**Work to complete:** Find the line that contains "Residence Life". Output it and every line after it to the end of the records, exactly as they appear.

Stored items

▬▬▬▬▬▬▬▬▬▬

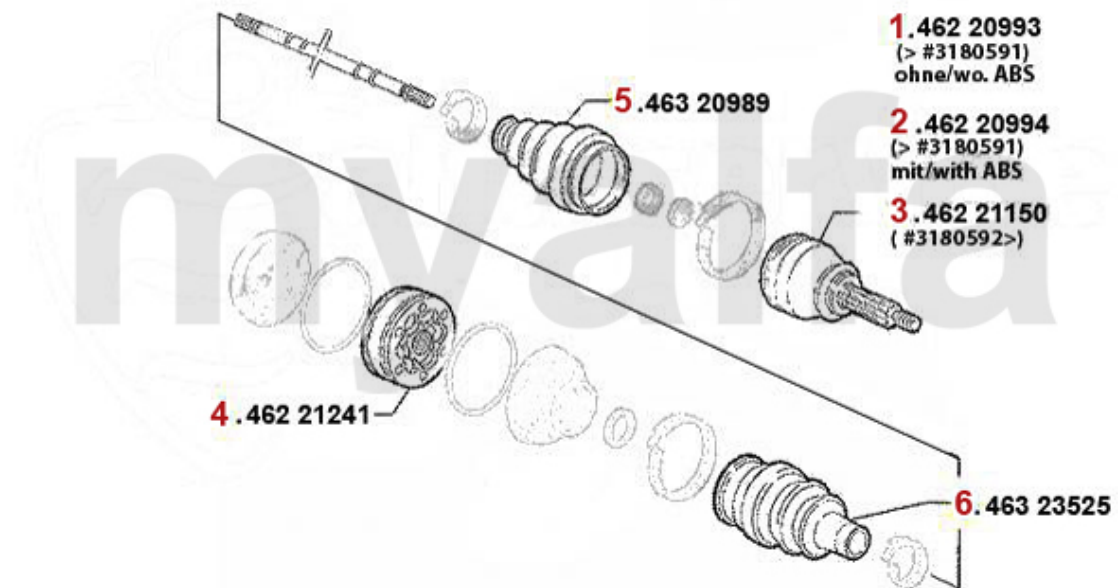

Antriebswelle/Driveshaft 145/6 1.6 TS 16V

1	46220993	SET OUTER JOINTS 145/6 TS/TD/ JDT Bj. 96> W/O ABS, 155 2.0 TS 16V	DKK1,166.02
2	46220994	OE. 60812760 OUTER JOINT SET	DKK1,212.95
3	46221150	OE. 60815370 OUTER JOINT SET	DKK1,166.02
4	46221241	INNER JOINT SET GTV/SPIDER (916), 155, 145/6 TS 16V, 156 TS 16V, 166 2.0 TS, 147 1.6/2.0 TS	DKK899.96
5	46320989	OE. 46429633 DRIVE SHAFT BOOT SET	DKK163.53
6	46323525	OE. 9945301 BOOT	DKK215.21
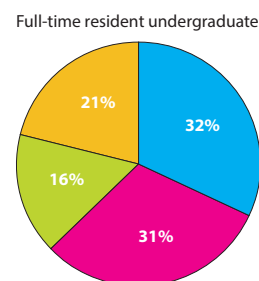

Scholarships will be awarded to students who meet the criteria based on their admission date until funds have been exhausted. Students admitted conditionally pending receipt of final transcripts due to in-progress courses at their community college will be considered for the scholarship, provided their final transcript arrives by the deadline, and they still meet the eligibility criteria. The deadline for having final transcripts in

for full admission, is the start of classes. Financial aid notifications will be disbursed through the Office of Financial Assistance and credited toward educational costs on the student's account—half in the fall semester and the other half in the spring semester. This scholarship is renewable with an institutional cumulative GPA of 3.0 or better.

Did You Know?

- UIS tuition rate is guaranteed at the time of enrollment for all four years.
- Almost 70% of all UIS students receive some financial aid.

79% resident undergraduates pay less than full tuition and fees

2021–22 Tuition & Fees

Illinois Residents

Tuition & Fees	$11,939
Room & Board	$10,410
Total	$22,349

Note: These figures are subject to change by the University of Illinois Board of Trustees. New tuition rates are typically shared in the spring before taking effect.

What Students Pay (Percent of students & families)

True Cost:

- $0
- $1–$2,999
- $3,000 to less than full tuition
- Full tuition and fees

Residence Life

go.uis.edu/reslife

Over 1,000 students choose to live in our residence halls, townhomes and apartments.

Student Life

uis.edu/studentlife

With more than 100 clubs and organizations, every star gets to shine at UIS!

▬▬▬▬▬▬▬▬▬▬

**Reply to the exercise:**
Residence Life

go.uis.edu/reslife

Over 1,000 students choose to live in our residence halls, townhomes and apartments.

Student Life

uis.edu/studentlife

With more than 100 clubs and organizations, every star gets to shine at UIS!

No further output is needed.